Perangkat lunak pengenalan suara telah sangat maju sejak pertama kali ditemukan, tetapi masih memiliki beberapa masalah besar yang mencegahnya digunakan secara eksklusif sebagai metode transkripsi.Beberapa masalah pengenalan suara yang sulit dipecahkan termasuk variasi dalam pengucapan kata -kata, aksen individu, homonim dan suara ambien yang tidak diinginkan.Serangkaian masalah pengenalan ucapan lain melibatkan jenis perangkat keras yang digunakan untuk benar -benar memasukkan suara, karena hasilnya dapat memiliki dampak besar dalam bagaimana perangkat lunak akan menafsirkan pidato.Ada juga masalah tidak mengetahui konteks kata -kata yang diucapkan, yang dapat menyebabkan teks yang tidak memiliki tanda baca atau ejaan yang tidak akurat.
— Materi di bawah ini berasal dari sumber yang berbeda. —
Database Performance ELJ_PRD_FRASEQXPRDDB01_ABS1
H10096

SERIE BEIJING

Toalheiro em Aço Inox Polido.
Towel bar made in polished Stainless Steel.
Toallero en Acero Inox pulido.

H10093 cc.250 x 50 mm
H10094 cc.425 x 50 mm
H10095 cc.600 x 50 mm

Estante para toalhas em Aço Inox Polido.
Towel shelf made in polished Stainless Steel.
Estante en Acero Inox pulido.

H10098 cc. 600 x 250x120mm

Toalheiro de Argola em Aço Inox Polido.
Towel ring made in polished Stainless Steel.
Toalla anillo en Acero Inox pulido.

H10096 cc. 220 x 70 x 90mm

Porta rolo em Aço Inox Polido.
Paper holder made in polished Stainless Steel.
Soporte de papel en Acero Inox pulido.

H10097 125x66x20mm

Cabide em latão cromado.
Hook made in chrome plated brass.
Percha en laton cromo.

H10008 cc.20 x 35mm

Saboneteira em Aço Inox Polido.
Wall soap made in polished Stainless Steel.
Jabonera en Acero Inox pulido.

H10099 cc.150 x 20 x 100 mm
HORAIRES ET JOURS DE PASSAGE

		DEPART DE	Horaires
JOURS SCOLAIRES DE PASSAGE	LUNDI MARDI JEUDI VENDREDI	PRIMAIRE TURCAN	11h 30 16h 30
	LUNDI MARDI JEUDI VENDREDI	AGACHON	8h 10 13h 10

Salah satu masalah pengenalan suara paling mendasar adalah kualitas perangkat input yang digunakan.Jika mikrofon tidak cukup sensitif mdash;atau terlalu sensitif mdash;Maka dapat membuat informasi audio yang sulit bagi perangkat lunak untuk diuraikan.Ini terutama benar ketika mikrofon sangat sensitif sehingga pidato terdistorsi, membuat perangkat lunak pengenalan hampir tidak berguna.Masalah serupa berasal dari kebisingan latar belakang yang dapat bermasalah untuk terpisah dari pidato utama dan dapat menyebabkan terjemahan yang tidak akurat ketika dimasukkan dalam pemrosesan pidato.masalah.Ketika satu kata dapat diucapkan dalam beberapa cara, perangkat lunak dapat menjadi bingung dan salah menafsirkan apa yang dikatakan.Hal yang sama dapat terjadi ketika seseorang berbicara lebih lambat atau lebih cepat dari yang diharapkan oleh program.Ada beberapa solusi parsial, seperti melatih perangkat lunak dalam pola bicara seorang pengguna tunggal dan menggunakan algoritma warping waktu yang dinamis untuk mencocokkan pidato dengan database sampel, tetapi mereka tidak menyelesaikan semua masalah.
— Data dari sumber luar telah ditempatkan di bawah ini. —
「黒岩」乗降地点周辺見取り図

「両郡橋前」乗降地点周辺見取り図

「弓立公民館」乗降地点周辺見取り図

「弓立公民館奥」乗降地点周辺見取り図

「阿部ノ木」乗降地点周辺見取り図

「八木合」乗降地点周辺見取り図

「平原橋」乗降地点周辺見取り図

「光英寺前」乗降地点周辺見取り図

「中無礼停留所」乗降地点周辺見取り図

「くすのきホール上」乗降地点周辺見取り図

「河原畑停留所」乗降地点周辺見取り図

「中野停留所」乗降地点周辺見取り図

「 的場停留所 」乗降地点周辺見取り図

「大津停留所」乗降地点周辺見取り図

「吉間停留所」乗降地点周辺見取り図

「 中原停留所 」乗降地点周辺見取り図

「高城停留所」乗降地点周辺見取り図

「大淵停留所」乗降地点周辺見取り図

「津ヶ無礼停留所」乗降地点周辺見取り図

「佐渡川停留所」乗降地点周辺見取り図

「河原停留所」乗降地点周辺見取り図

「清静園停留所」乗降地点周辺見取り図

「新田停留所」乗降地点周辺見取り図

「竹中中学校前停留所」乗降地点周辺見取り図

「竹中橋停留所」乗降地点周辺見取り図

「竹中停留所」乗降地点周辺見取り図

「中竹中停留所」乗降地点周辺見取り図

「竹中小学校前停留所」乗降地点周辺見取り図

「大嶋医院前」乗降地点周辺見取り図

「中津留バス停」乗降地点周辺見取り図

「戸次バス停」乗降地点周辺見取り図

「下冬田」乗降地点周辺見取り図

Yang paling kompleksdari masalah pengenalan ucapan adalah mengidentifikasi konteks kata -kata yang diucapkan.Perangkat lunak komputer tidak dapat mengidentifikasi makna yang dimaksudkan dari kumpulan kata, yang mengarah ke sejumlah masalah dengan teks yang ditranskripsikan.Kata -kata yang memiliki suara yang sama, seperti mereka dan di sana, hanya dapat dieja secara akurat ketika konteks penggunaan diketahui.Untuk alasan yang sama ini, tanda baca yang akurat hampir tidak mungkin bagi perangkat lunak untuk ditempatkan hanya berdasarkan mengetahui urutan kata -kata.Ada perangkat lunak transkripsi fungsional yang digunakan dalam bidang seperti obat, tetapi hasilnya sering kali merupakan blok kata tanpa jenis pemisahan, artinya masih membutuhkan transkripsi manusia untuk mengedit dokumen dan membuat salinan akhir yang dapat dibaca.